Standardizing the format of a germline set

w.lees · October 15, 2016, 10:12am

I have made some small updates to the schema definition in response to comments posted in the document:

ORCID and PubMed ID added to author name and citation respectively, where these items exist.
field labels 5_UTR and LEADIN changed to 5’UTR and L-REGION to match the labels used in the IMGT Ontology, As I noted in the document, I suggest that it is worth using the ontology as a starting point, as the terms are defined and quite widely used. Over time we can adapt and extend the definitions as necessary. The full set of labels is at http://www.imgt.org/ligmdb/label and background/citations are at http://www.imgt.org/IMGTindex/ontology.php .

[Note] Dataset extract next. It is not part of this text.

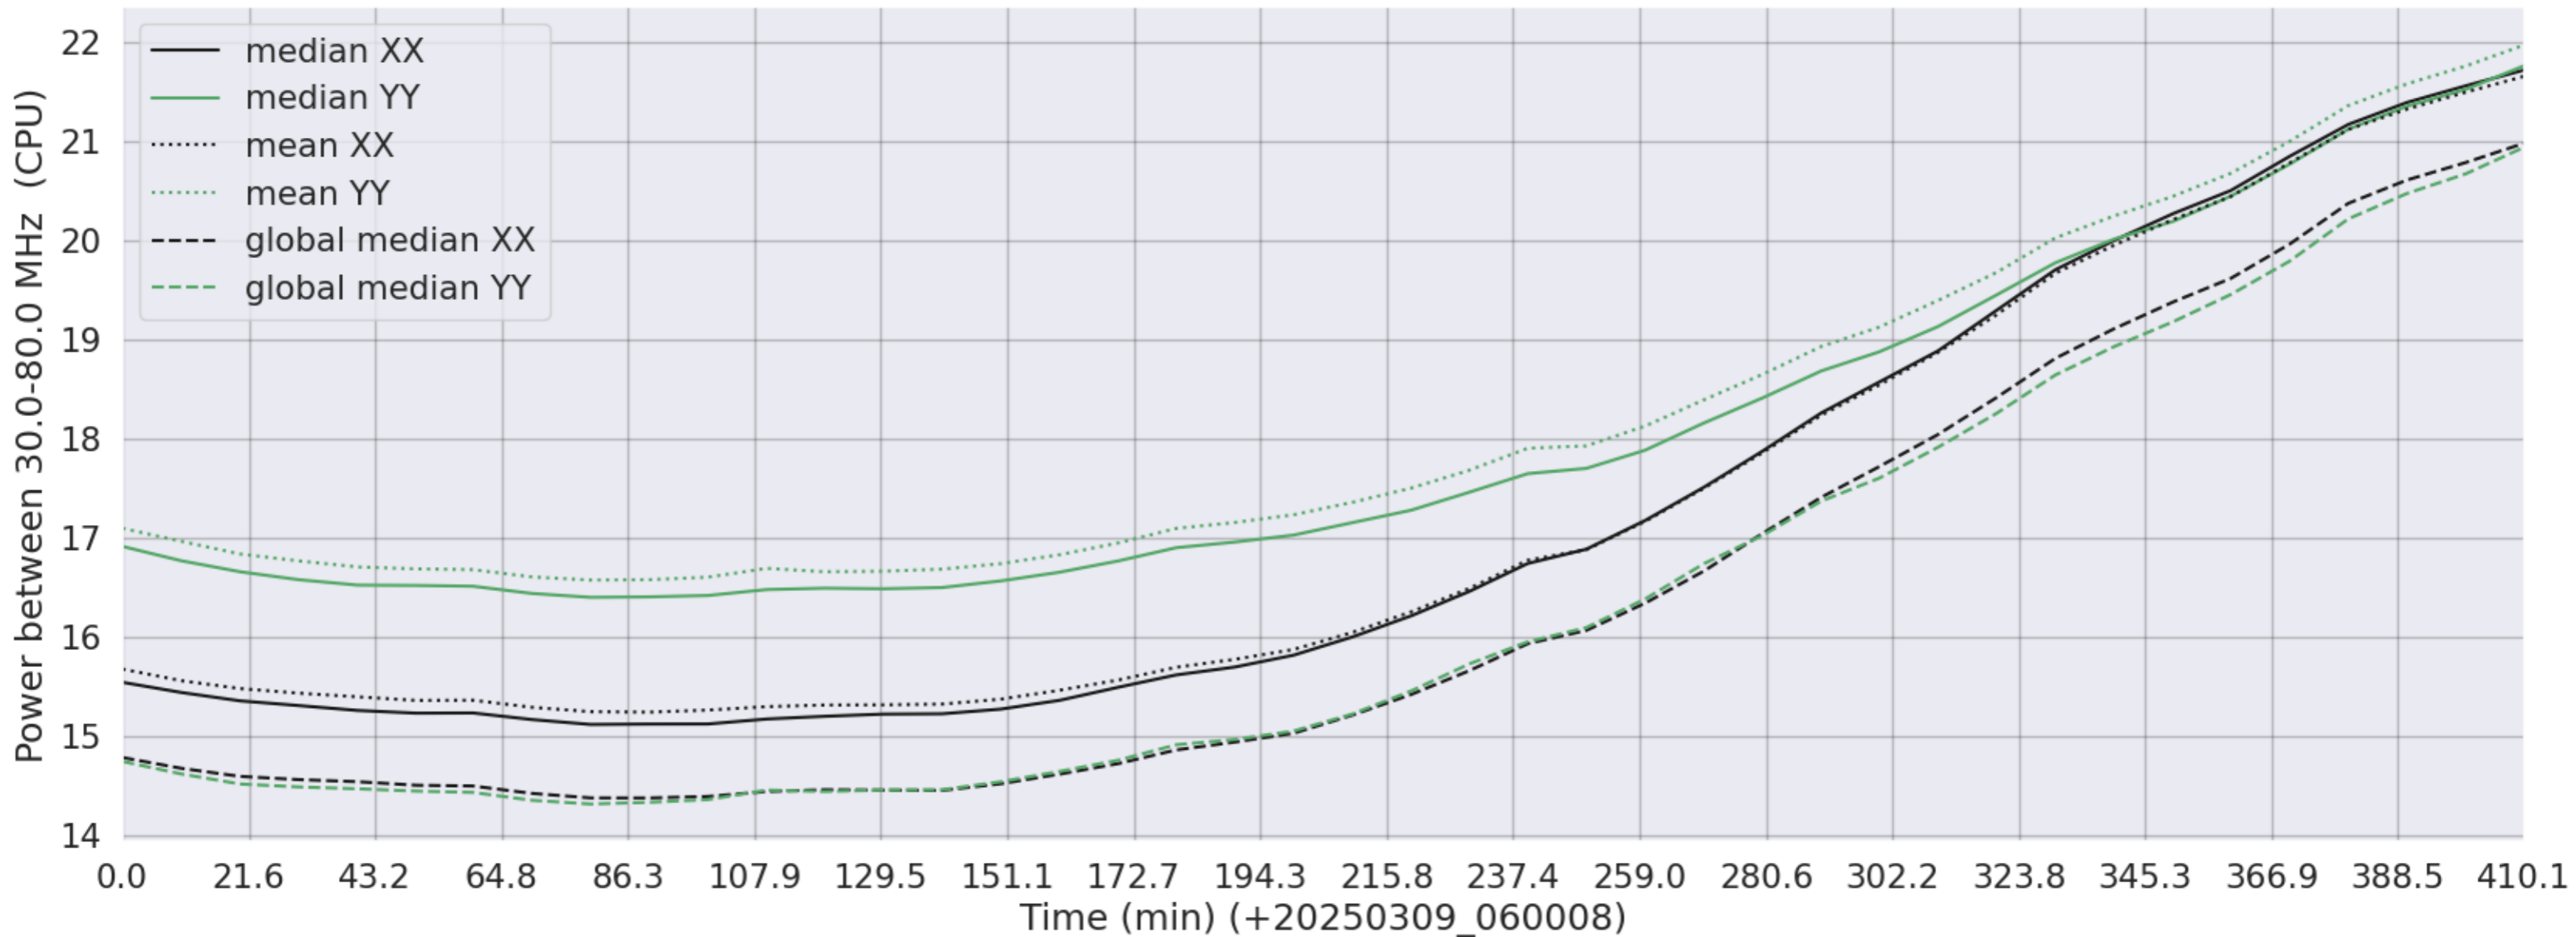

LWA302 - Correlator# 092 - XX FLAGS:Good - YY FLAGS:Good

LWA286 - Correlator# 093 - XX FLAGS:Good - YY FLAGS:Good

LWA363 - Correlator# 094 - XX FLAGS:Good - YY FLAGS:Good

LWA323 - Correlator# 095 - XX FLAGS:Good - YY FLAGS:Good

Does anyone have views on the adoption of the IMGT labels as a starting point?

@a.collins, With respect to the comment in your last mail, the schema can accommodate any other labels we need in addition to the ones we already have (5’UTR, L-REGION, FR1, CDR1, FR2, CDR2, FR3, CDR3, FR4), provided that they are annotations which occur at most once per sequence. If we wanted to add annotations, for example to label hotspots, that can occur multiple times in a sequence, we’d need to construct something else. That’s certainly do-able, but is not going to be easy to read or manage in a spreadsheet-type form.

Are there other labels in addition to the ones listed that we should add at this stage?